Witt, CM, Michalsen, A, Roll, S, Morandi, A, Gupta, S, Rosenberg, M, Kronpass, L, Stapelfeldt, E, Hissar, S, Müller, M, et al
Trials. 2013;:149
Abstract
BACKGROUND Traditional Indian Ayurvedic medicine uses complex treatment approaches, including manual therapies, lifestyle and nutritional advice, dietary supplements, medication, yoga, and purification techniques. Ayurvedic strategies are often used to treat osteoarthritis (OA) of the knee; however, no systematic data are available on their effectiveness in comparison with standard care. The aim of this study is to evaluate the effectiveness of complex Ayurvedic treatment in comparison with conventional methods of treating OA symptoms in patients with knee osteoarthritis. METHODS AND DESIGN In a prospective, multicenter, randomized controlled trial, 150 patients between 40 and 70 years, diagnosed with osteoarthritis of the knee, following American College of Rheumatology criteria and an average pain intensity of ≥40 mm on a 100 mm visual analog scale in the affected knee at baseline will be randomized into two groups.
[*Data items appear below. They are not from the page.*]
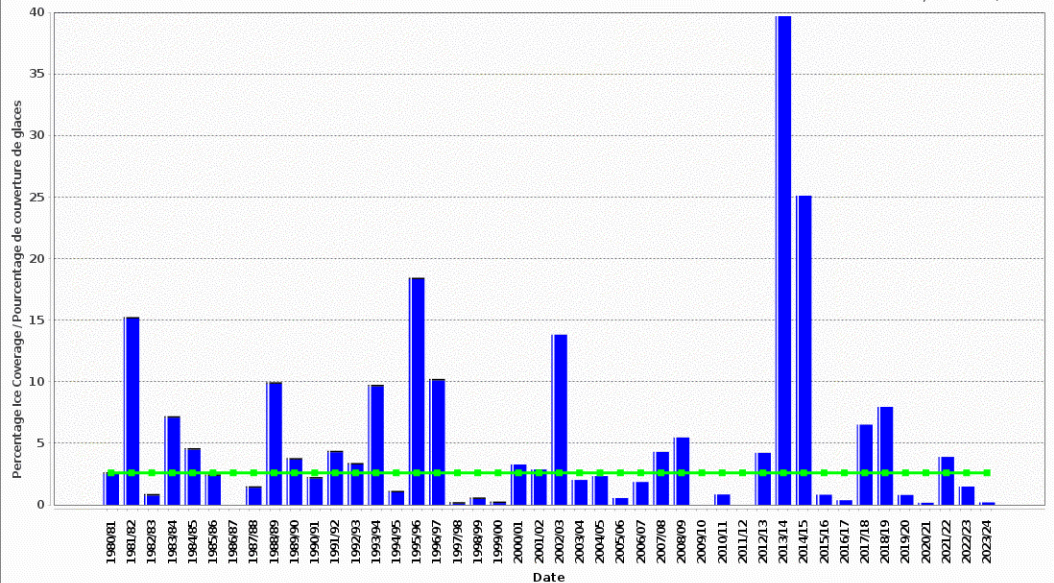

Same Week: Historical Ice Coverage for the week of 0416, seasons:1980/81-2023/24

Même semaine: Couverture des glaces historique pour la semaine du 0416, saisons:1980/81-2023/24

Regional Great Lakes /
Régionale Grands Lacs

Area / Aire : 246,713 km²

Canadian Ice Service - Environment Canada / Service canadien des glaces - Environnement Canada
(2024-04-16 14:00 IceGraph - Canadian Ice Service/Graphe des glaces - Service canadien des glaces 2.0.7 2014/01/21)

■ Ice Coverage / couverture des glaces ■ No Data / Aucune donnée ● Median / médiane 1990/91-2019/20
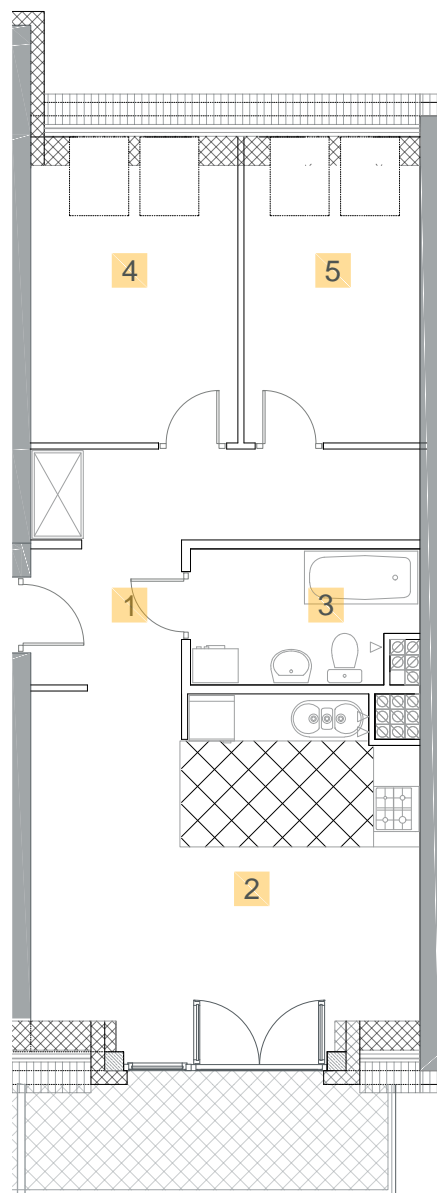

Kazimierza
Wielkiego

KĘTRZYN
UL. KAZIMIERZA WIELKIEGO

MIESZKANIE M13

PIĘTRO 4 - PODDASZE POWIERZCHNIA **55,04 m²**

1. Korytarz	9,57 m ²
2. Salon z aneksem	22,56 m ²
3. Łazienka	4,85 m ²
4. Sypialnia	9,78 m ²
5. Sypialnia	8,28 m ²
Balkon	6,02 m ²

In the Ayurveda group, treatment will include tailored combinations of manual treatments, massages, dietary and lifestyle advice, consideration of selected foods, nutritional supplements, yoga posture advice, and knee massage. Patients in the conventional group will receive self-care advice, pain medication, weight-loss advice (if overweight), and physiotherapy following current international guidelines. Both groups will receive 15 treatment sessions over 12 weeks. Outcomes will be evaluated after 6 and 12 weeks and 6 and 12 months. The primary endpoint is a change in the score on the Western Ontario and McMaster University Osteoarthritis Index (WOMAC) after 12 weeks. Secondary outcome measurements will use WOMAC subscales, a pain disability index, a visual analog scale for pain and sleep quality, a pain experience scale, a quality-of-life index, a profile of mood states, and Likert scales for patient satisfaction, patient diaries, and safety. Using an adapted PRECIS scale, the trial was identified as lying mainly in the middle of the efficacy-effectiveness continuum. DISCUSSION This trial is the first to compare the effectiveness of a complex Ayurvedic intervention with a complex conventional intervention in a Western medical setting in patients with knee osteoarthritis. During the trial design, aspects of efficacy and effectiveness were discussed. The resulting design is a compromise between rigor and pragmatism. TRIAL REGISTRATION NCT01225133.